Technical debt refers to the practice of making coding or design decisions to expedite production or gain other short-term benefits, knowing that these decisions may require corrections later. Like financial debt, technical debt offers both benefits and costs.

Technical Debt helps out in balancing between two stages

Technical debt is not necessarily a bad thing, as long as you know how to manage it. Consider this expert advice on how to measure it and when to pay it off.

Different Types of Technical Debt

In 2007, Steve McConnell suggested that there are 2 types of technical debt: 1. Intentional — According to him, intentional technical debt is technical debt that one takes on consciously as a strategic tool. 2. Unintentional — As opposed to unintentional debt, which he calls “the non-strategic result of doing a poor job.

How to measure Technical Debt?

It doesn’t help decision-making if we can’t place a number on such an important concept. Once we can quantify it, we can make analytical comparisons, we can know if we’re making progress, we can plan with data. Non-technical team members can get an understanding of the quality of the software upon which the business runs. But so many variables are involved in determining code quality, of which technical debt computation is an important factor. Some of these variables include complexities [cyclomatic and cognitive], lines of code, arity, maintainability index, Halstead Complexity Measures, depth of inheritance, afferent and efferent couplings, nesting depth, time to write n lines, etc. With so many metrics to consider, it appears difficult to know how much work we need to do to pay off technical debt.

Technical Debt cycle

It turns out, however, that there’s a simple solution to this problem — it lies in how we choose to express the problem:

Express technical debt computation as a ratio.

A ratio of the cost to fix a software system [Remediation Cost] to the cost of developing it [Development Cost].

This ratio is called the Technical Debt Ratio [TDR]:

Technical Debt Ratio = (Remediation Cost / Development Cost) x 100% Really simple isn’t it! Technical Debt Ratio [TDR] is simply the ratio of remediation cost to development cost

Generally, no one wants a high Technical Debt Ratio [TDR], some teams favor values less than or equal to 5%. High TDR scores reflect software that’s in a really poor state of quality.

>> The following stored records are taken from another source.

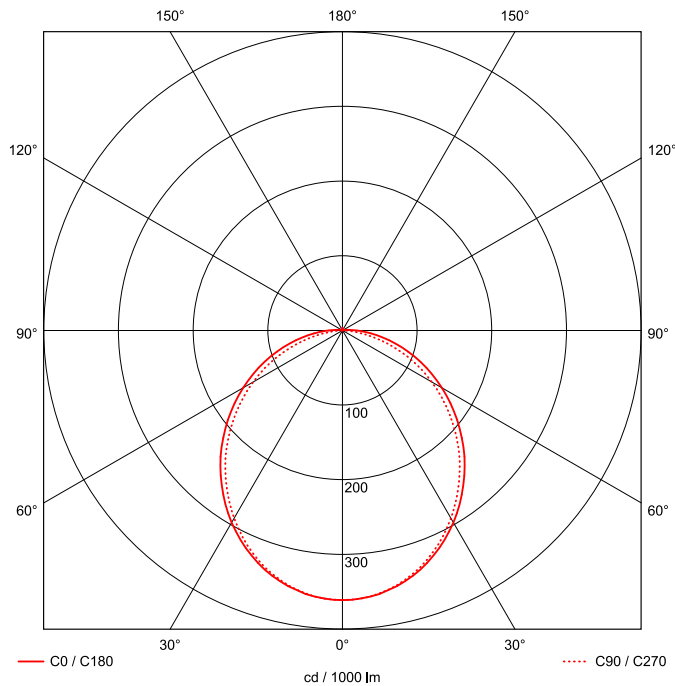

Artikel-Nr: 76136521

Anbauleuchten

Leuchte TROJA G2 SKII 0705mm PCO 1x39W 110° 3300lm

Vandalismus geschützte LED Leuchte in SKII mit MID-Power LEDs, LED Einheit in der Abdeckung integriert und per PEC System (PRACHT EASY CONNECT) schnell zu montieren. Konverter in Leuchte integriert. Flaches, stabiles Aluminiumgehäuse mit integriertem decken-/wandseitigem Kabelführungskanal, schlagfeste Abdeckung aus opalisiertem Polycarbonat, eingefasst in Aluminium-Rahmenprofil und Endkappen aus Aluminium-Druckguss, weiß, pulverbeschichtet, mit Innensechskant- oder Sicherheits-Verschlusschrauben, umlaufende Silikondichtung, geeignet für Decken- und waagerechte Wandmontage, Eckmontage mit Zubehör möglich. Ein-Mann-Montage mit variablen Befestigungsabständen durch PRACHT-KLAMMER-SYSTEM, die Befestigungsklammern sind nach der Montage der Abdeckung vor unbefugtem Zugriff geschützt. Achtung: PRACHT MANUFAKTUR! Sie benötigen eine andere Lichtfarbe, Gehäusefarbe oder Durchgangsverdrahtung? Besondere Herausforderungen? Kein Problem. Wir bieten individuelle Lösungen für Ihre Anforderungen.

EAN 4018098314721 Energie-Effizienz-Klasse

Statistische
Warennummer 94054099

A++

LEUCHTMITTEL

Leuchtentyp	LED
Anzahl Leuchtmittel/LED-Reihen	1
Farbtemperatur K	4.000
Farbwiedergabeindex	>90
Anzahl LED	84
Farbtoleranz (initial MacAdam)	3

MAßE UND GEWICHTE

Länge in mm	705
Breite in mm	260
Höhe in mm	72
Außendurchmesser in mm	-
Nettogewicht in kg	4

VERPACKUNG

Länge m VPE	1.05
Breite m VPE	0.26
Höhe m VPE	0.075
Bruttogewicht kg VPE	4.7

MONTAGE UND WARTUNG

If both remediation and development costs are represented in time [hours], for example, TDR scores simply indicate how long it would take an engineering team to restore sanity to their codebase and achieve quality. So smaller TDR values are to be preferred at all times. Prefer smaller TDR values at all times.

Remediation Cost [RC] can be made a function of any code quality metric a team feels is relevant based on rules for resolving code issues within the team. RC can also be expressed in terms of time.

For example, if the team chooses to make RC [expressed in time] a function of cyclomatic complexity, in other words, the time it takes to fix issues within a code function — RC, is directly proportional to the cyclomatic complexity of that code function, then it becomes easy to determine how long it would take to fix entire files once we compute their cyclomatic complexities. This is just an example , we won’t be discussing the computation of cyclomatic complexity here.

Basically, for this line of reasoning:

RC α Cyclomatic Complexity

RC = k(Cyclomatic Complexity)

where k is a constant

Once k and Cyclomatic Complexity above are given, RC can be easily computed.

Development cost [DC] can be imagined as the cost of writing some lines of code [the time it took to write that much line].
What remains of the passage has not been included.